Thanks for the info on new ones. I think that you have to get into the much higher end (and thus much more costly) boats to find construction quality of the type you mentioned. I don''t see that many of the standard production boats like Bene''s (forget the lesser boats) are built any better. I think all standard production boats have some flaws, its really a question of price and value (and of course I value my life greatly). I have read terrible things about older Morgans and read owners reviews of how they are bullet proof. Heard C&C Landfall''s called C&C Laughables and read owners reviews of how they love them. I cannot understand why Beneteau would use iron in their keels and think their pan contruction is no better than Catalina''s but they say they have made more Atlantic crossings than any other boat.

The comment about the Marlon sea cocks is especially instructive. Anyone buying any boat should replace all sea cocks with bronze one. A minor and very cheap fix. I did find that on the 1989 C 36 that I could easily reach all of them. I agree and did mention a concern about rudders being deeper than keels. 

I think each of us has to become better educated and look very closely at the boat they are getting into. The comments here have added more to my list of things to research and look at when I look at a boat. 

If I had an infinite amount of $$$, I would certainly buy a perfectly built custom boat. Since I don''t, I look at what I can compromise on for what I can get and what I want. As do we all. I guess that why Hunter can still sell boats :O) But hey, no boat bashing, we should all stick to firm objective info to help each other out. 

I need a boat that is very good value and that anything truly wrong can be easily and inexpensively fixed.... and... I want a large comfortable interior as I will be spending a lot of time there.

D - Are there any reasonably priced boats of the construction you mention?

Thanks

John


----------



## henryvand (May 2, 2000)

The fact that Beneteau seems to dominate the charter fleets suggests something. Don''t rule them out because of cast iron keel - they use lead for shoal draft keels.


----------



## TSOJOURNER (Dec 16, 1999)

Yes, you are quite right and I think you made my point. :O)


----------



## TSOJOURNER (Dec 16, 1999)

I know a wealthy couple who just bought a C&C 43 CC. They have been in the boating business for their whole lives and are now retiring.

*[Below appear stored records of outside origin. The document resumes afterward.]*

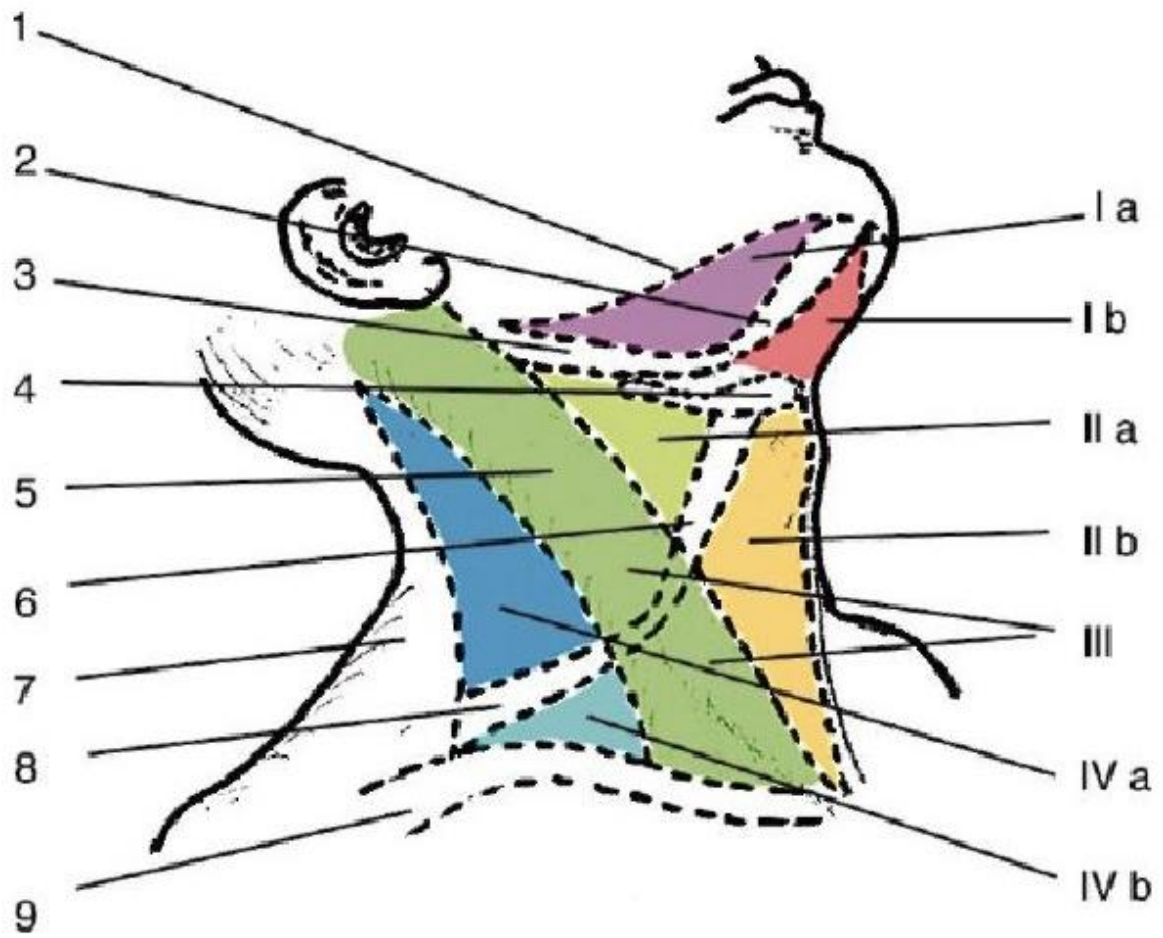

Шея

ЖЕЛУДОЧКИ ГОЛОВНОГО МОЗГА

Мозговой отдел головы

ЗАВОРОТЫ СИНОВИАЛЬНОЙ ОБОЛОЧКИ КОЛЕННОГО СУСТАВА

Нижняя конечность

ЗАДНЯЯ ОБЛАСТЬ БЕДРА

Задняя поверхность плеча

КАНАЛ ЗАПЯСТЬЯ

Надплечье, плечо

МЕДИАЛЬНАЯ ПОЗАДИЛОДЫЖЕЧНАЯ ОБЛАСТЬ

Область голеностопного сустава

МЫШЕЧНАЯ И СОСУДИСТАЯ ЛАКУНЫ БЕДРА

ОБЛАСТИ И ТРЕУГОЛЬНИКИ ШЕИ

Шея

ОКОЛОГЛОТОЧНОЕ ПРОСТРАНСТВО НА ПОПЕРЕЧНОМ СРЕЗЕ

Лицевой отдел головы

ПРЕДНЕВНУТРЕННЯЯ ПОВЕРХНОСТЬ ПЛЕЧА

Надплечье, плечо

ПЕРЕДНЯЯ ГОЛЕНОСТОПНАЯ ОБЛАСТЬ

Область голеностопного сустава

БЕДРЕННЫЙ ТРЕУГОЛЬНИК

ПЕЩЕРИСТЫЙ СИНУС (ФРОНТАЛЬНЫЙ СРЕЗ)

Мозговой отдел головы

ПЛЕЧЕВОЕ СПЛЕТЕНИЕ

They are C&C fans like me and will make that really nice boat even better. If I wanted a big boat for that purpose I would do what they did and not buy a new boat.

The Cal 46 also has a good reputation.

Of the new boats I looked at last year I liked the Tartan quality. The Tartan 4200 is a really good sailor too. But again new boats are a bad deal.


----------



## Denr (Feb 7, 2001)

Mike:
I concure that a "seasoned" high quality boat is a better choice than a new C, B or H boat. They (HQ boats)also hold their value longer. As an example I have recently been offered $10,000 more for my Sabre 34 than the amount it was purchased for more than 7 years ago as the second owner. 

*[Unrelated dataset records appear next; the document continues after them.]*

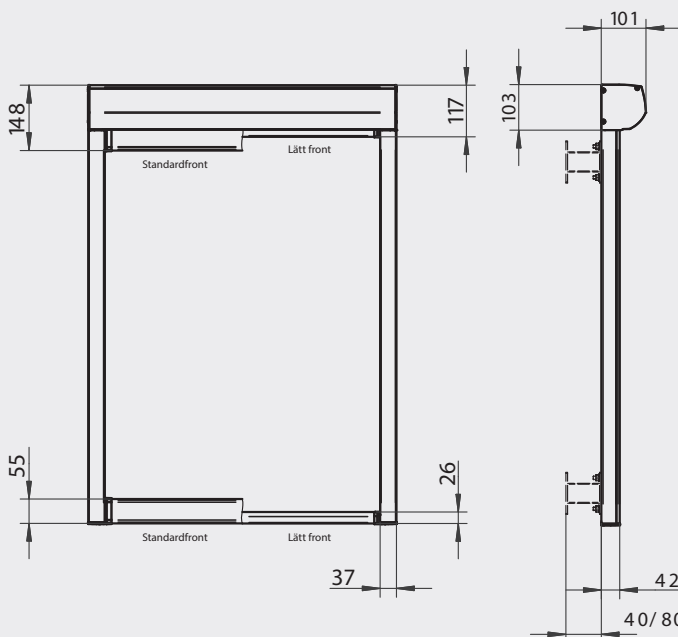

ZIP SCREEN Z460

Max storlek: 4000 x 3500 mm (BxH)

POPULÄRASTE VÄVARNA

Serge 600 / 002002

Serge 600 / 008002

Serge 600 / 007082

Serge 600 / 002061

Serge 600 / 002007

Tillval

Flytta enkelt ut produkten från vägg för att komma förbi dropplåt eller andra hinder med avståndshållare.

Liten frontprofil min bredd: 1250 mm, max bredd: 2500 mm.

Snäpplock till styrskena (rekommenderas ej vid nischmontage).

New boats are not necessarily a bad deal, they just cost a lot more than used boats. I would say that if you are planning to keep a boat for a long time, you would not loose much money when the time came to sell it if, it was well maintained (updated and kept cosmetically very clean)and was a high quality boat to begin with such as a Tartan, Sabre, Ericson, Valiant, Passport, Shannon, Pacific Seacraft, Tayana, C & C, Hylas, Morris, Hinckley, Alden, Hallberg Rassey, Swan, Island Packet etc. All bets are off for resale if the economy is bad, that being the case you would have to sit tight, maintain course and ride out the storm (I suggest a double reef) if possible. All boats loose their resale value in this scenario in which supply and demand establishes price. 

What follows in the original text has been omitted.